Когда он взял тушку, в желудке завозилось. Судя по всему, под перьями не так уж много мяса, однако даже в лучшие времена ему не требовался богатый харч. Есть чем червячка заморить, и ладно.
Поел только через полтора часа, когда между ним и местом ночлега пролегли добрые пять километров. Впервые за последние две недели он не торопился запихать в себя все съестное, а готовил и ел основательно. Тушку, целиком обваленную в глине, как следует прокалил на костре. Когда образовавшаяся корка разлетелась, освободив одуряющий аромат, у Русвура закружилась голова. Вместе с запахом жареной пищи появилось что-то давно забытое, из прошлой жизни, но мощный голод мгновенно вытоптал все сантименты. Он просто впился в мясо и стал есть, не замечая костей и хрящей.

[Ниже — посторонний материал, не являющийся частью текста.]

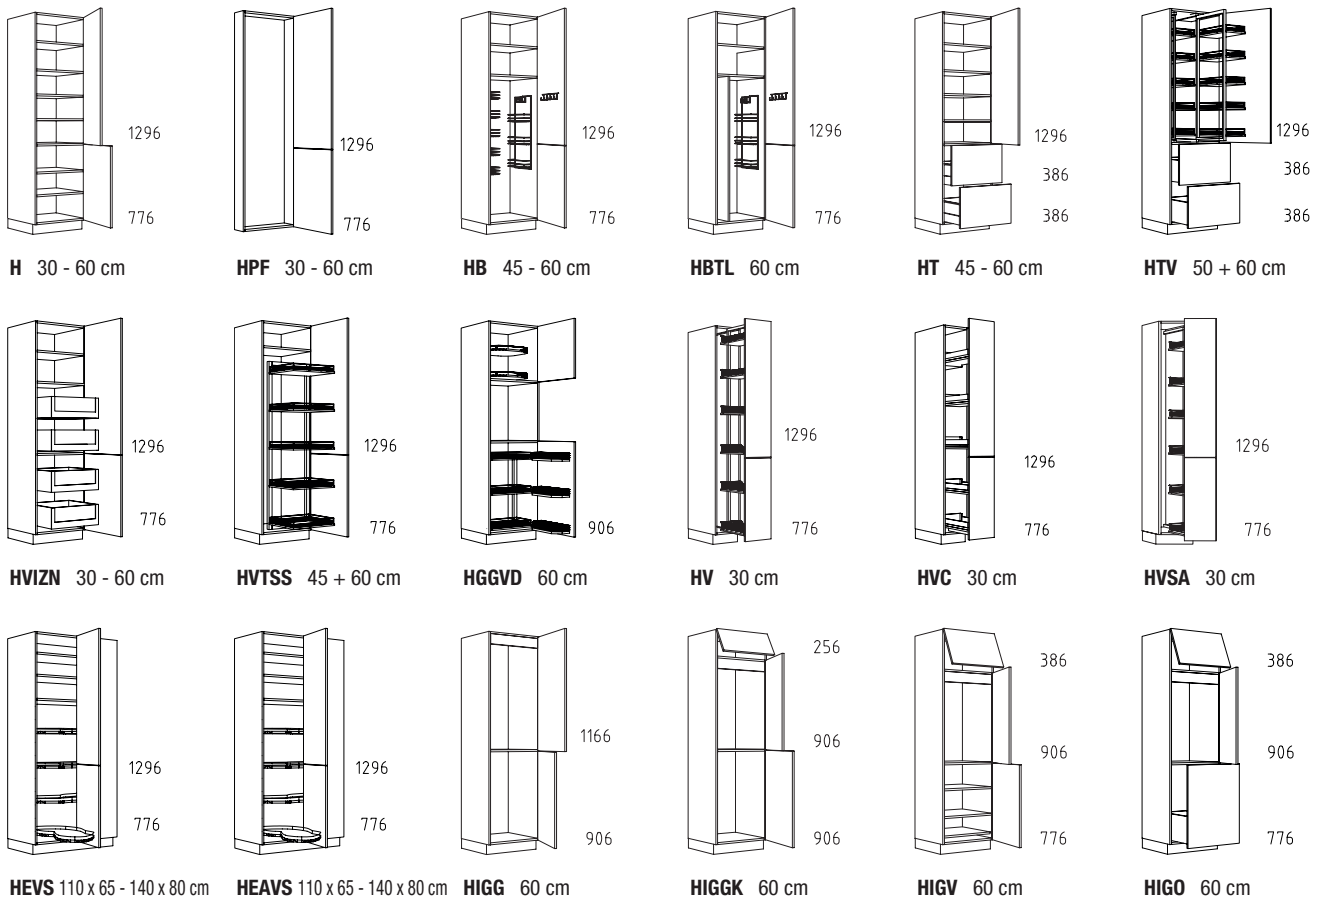

HKGZ 60 cm

HKGZ 60 cm

HKF 60 cm

HGWS 60 cm

HGW 60 cm

HGVS 60 cm

HGOS 60 cm

HGTT 60 cm

HGV 60 cm

HGO 60 cm

HGQS 60 cm

HGNS 60 cm

HGTT 60 cm

Index

Tall units height: 195 cm

Tall units height: 208 cm

Tall units height: 208 cm

HIGQS 60 cm

HIGNS 60 cm

HIGTT 60 cm

HIGTZS 60 cm

HIGQ 60 cm

HIGN 60 cm

HIGTZ 60 cm

Когда внутренности, взбудораженные снедью, наконец успокоились, он оторвался от курицы и аккуратно разобрал то, что осталось. Мясо и мелкие косточки еще раз прожарил на плоском камне, переложил листьями и обернул чистой тряпицей. Этот туесок удобно устроился в заплечном мешке, суля мизерное облегчение жизни на ближайшую пару дней.
Русвур закидал костер землей и снова двинулся в путь, меряя землю широкими пружинистыми шагами, очень скоро перешедшими в размеренный бег.
Остановиться его заставило странное ощущение, похожее на взгляд в спину. Он мгновенно распластался по земле, стараясь вжаться поглубже, рука выхватила нож. Он весь превратился в слух и обоняние, ловил струйки теплого воздуха, пропитанного запахами одичавшего поля.
Да, где-то поблизости люди, но жилья не видно на пять полетов стрелы кругом. Рядом лишь небольшая падь, где не спрятаться и вдвоем. А их явно больше.
Русвур поднял голову, осмотрелся. Стянул мешок, намотал лямки на руку и пополз вперед. Перед падью снова остановился, прислушался. Сквозь легкий шелест листвы на кустах донеслось журчание воды. А вот это совсем странно, ибо родника тут нет. Он внимательно всмотрелся в заросли, не спеша достал второй нож, потом резко подался вперед.
С силой броска чуть переборщил, потому что, легко проломившись сквозь кусты, едва ли не грохнулся во влажную темноту. Рывком назад восстановил равновесие, раскинул руки, в которых поблескивала сталь.
Перед ним неширокий коридор, под ногами хлюпает вода. От стен густо прет сыростью, где-то впереди негромко журчит.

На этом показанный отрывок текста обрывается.